As I alluded to previously, Christmas 2014 saw me change jobs after 4 and a half years. Having reached the end of 6 hectic weeks, I thought it might be a good time to document my experience, thoughts and fears, not least because hopefully putting my thoughts down in print will allow me to mentally declutter!

  • Change is difficult at any time, but especially part way through the year – I guess this is obvious, but even now I still don’t think I am fully ‘there’. I was so comfortable at my old school – too comfortable, in fact, which was one of my reasons for leaving – and the first week in particular was a huge shock to the system. In fact, it became a simple case of survival at times. But a rough plan of what I was doing, and supportive colleagues who helped me bed in quickly, got me through to the weekend, where I could regroup.
  • Schools which appear quite similar can be very different in practice – both my old and new schools serve predominantly white, working class intakes from ex-mining communities. But that is pretty much where the similarities end. The ethos of my new school, the behaviour management systems, and the aspirations are all very different (in a good way). I know this was a great move for me. I can’t wait for that day when I finally feel like I’ve arrived and am fully comfortable in the post.
  • Expectations on all levels need raising  – both in terms of behaviour and in work ethic, it’s clear standards for some of my students were a little low. My year 8 class admitted earlier in the week that the previous teacher was soft on them in terms of the BM system in place – which all staff are required to follow religiously. I feel like I’ve made some progress here, although there is still a way to go.
  • I have a large/scary amount of control over my class AND my environment – the freedom I have is something I have found difficult to cope with at times, and has led to me having crises of confidence on many occasions. We have no scheme of work at all, so I decide what to teach and for how long. This can be quite a daunting prospect, although I also recognise the huge opportunity it provides. Similarly, the fact I now have my own room is a great opportunity for me to impress my values and expectations on students – it had been my aim to get a display put up this week, but the replacement of windows and the associated removal of asbestos prevents this from happening.
  • I just need to focus on the process and not worry (too much) about the outcomes: like George Michael, I gotta have faith – in my running, I’m all about the process – running consistently, through all weathers and good and bad runs alike, will deliver the outcomes I want. Similarly, I need to be confident in my methods and strategies of teaching, and know that if I am producing the goods day in, day out, students will make the desired progress.

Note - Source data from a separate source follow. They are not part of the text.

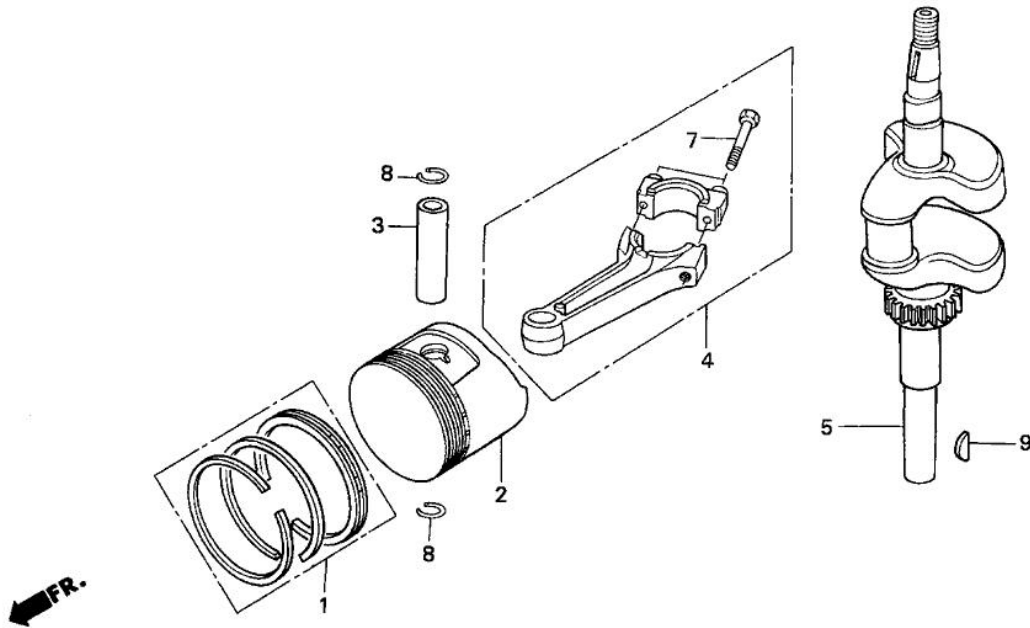

ZE60-E0800A

Ref.	Part Number	Part Description	Qty.
001	13010-ZE6-013	RING SET, PISTON (STD) (NIPPON)	001
001	13011-ZE6-013	RING SET, PISTON (0.25) (NIPPON)	(1)
001	13011-ZE6-014	RING SET, PISTON (0.25) (TEIKOKU)	(1)
001	13012-ZE6-013	RING SET, PISTON (0.50) (NIPPON)	(1)
001	13013-ZE6-013	RING SET, PISTON (0.75) (NIPPON)	(1)
001	13013-ZE6-014	RING SET, PISTON (0.75) (TEIKOKU)	(1)
002	13101-ZE6-023	PISTON (STD)	001
002	13101-ZE6-033	PISTON (STD)	001
002	13102-ZE6-023	PISTON (0.25)	(NOT AVAILABLE)
002	13103-ZE6-023	PISTON (0.50)	(1)
002	13104-ZE6-023	PISTON (0.75)	(NOT AVAILABLE)
003	13111-ZE0-000	PIN, PISTON	001
004	13200-ZE6-010	ROD ASSY., CONNECTING	001
004	13200-ZE6-315	ROD ASSY., CONNECTING (0.25 LOWER SIZE)	(1)
005	13310-ZE6-640	CRANKSHAFT	001
007	90001-ZE1-000	BOLT, CONNECTING ROD	002
008	90551-ZE0-000	CLIP, PISTON PIN (13MM)	002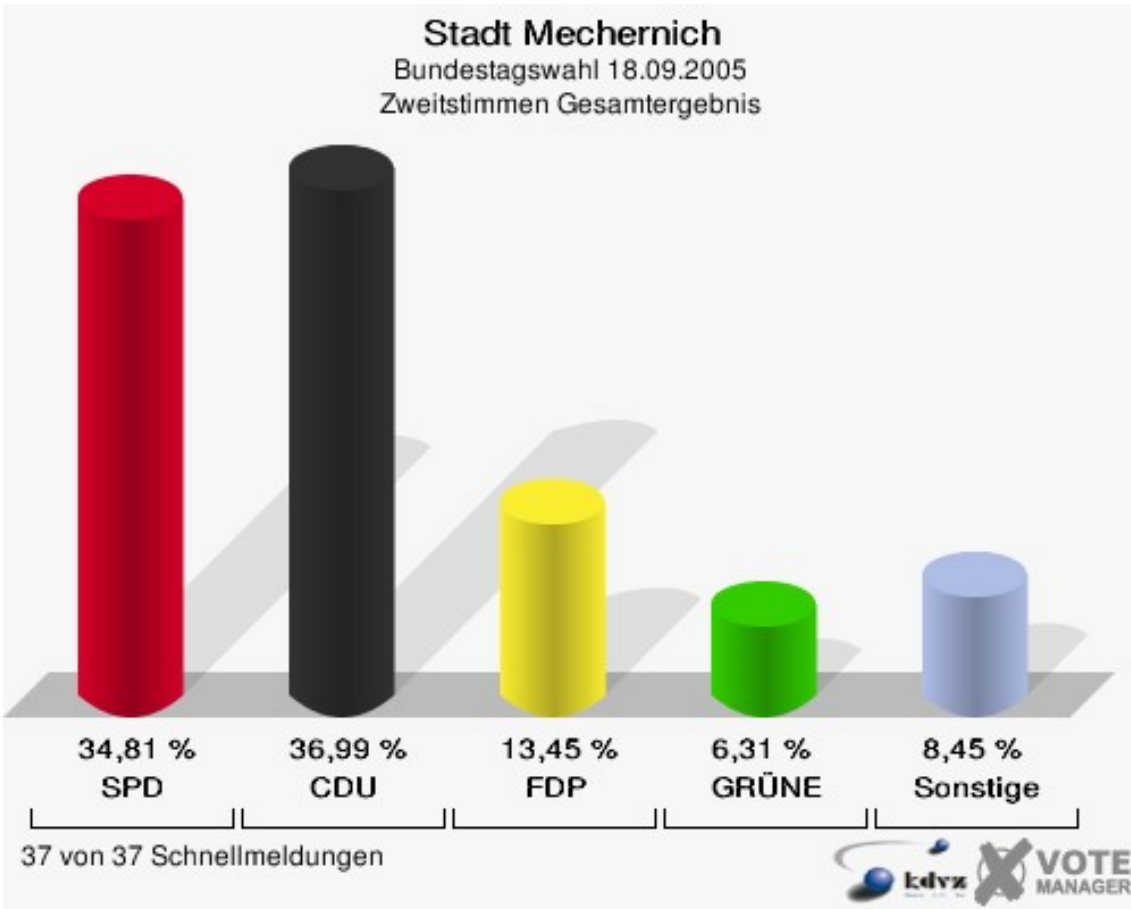

Gemeinde Kall
Bundestagswahl 18.09.2005
Wahlbeteiligung Gesamtergebnis

21 von 21 Schnellmeldungen

Stadt Mechernich

	Erststimmen		Zweitstimmen	
Wahlberechtigte	20.777		20.777	
Wähler/innen	16.193	77,94 %	16.193	77,94 %
ungültige Stimmen	314	1,94 %	279	1,72 %
gültige Stimmen	15.879	98,06 %	15.914	98,28 %
Kühn-Mengel, SPD	6.018	37,90 %	5.540	34,81 %
Dr. Dr.Bauer, CDU	7.355	46,32 %	5.886	36,99 %
Molitor, FDP	973	6,13 %	2.140	13,45 %
Bell, GRÜNE	584	3,68 %	1.004	6,31 %
Faber, DIE LINKE	683	4,30 %	795	5,00 %
REP	---	---	68	0,43 %
Tierschutzpartei	---	---	101	0,63 %
Motter, NPD	198	1,25 %	152	0,96 %
FAMILIE	---	---	90	0,57 %
DIE GRAUEN	---	---	72	0,45 %
PBC	---	---	15	0,09 %
ZENTRUM	---	---	9	0,06 %
BÜSO	---	---	4	0,03 %
Deutschland	---	---	21	0,13 %
MLPD	---	---	2	0,01 %
PSG	---	---	15	0,09 %
Sahin, Sahin, Naci	68	0,43 %	---	---

Although half term hasn’t really started yet, I’m looking forward greatly to the second half of the spring term. I feel in a much happier place, and feel this is the time to start kicking on and making big inroads on student progress. I look forward to catching up with old blogs to inspire me as ever!

A potential epiphany….

“Jaws isn’t about a shark, and Tinker Tailor’s not about spying” – Mark Kermode (paraphrased)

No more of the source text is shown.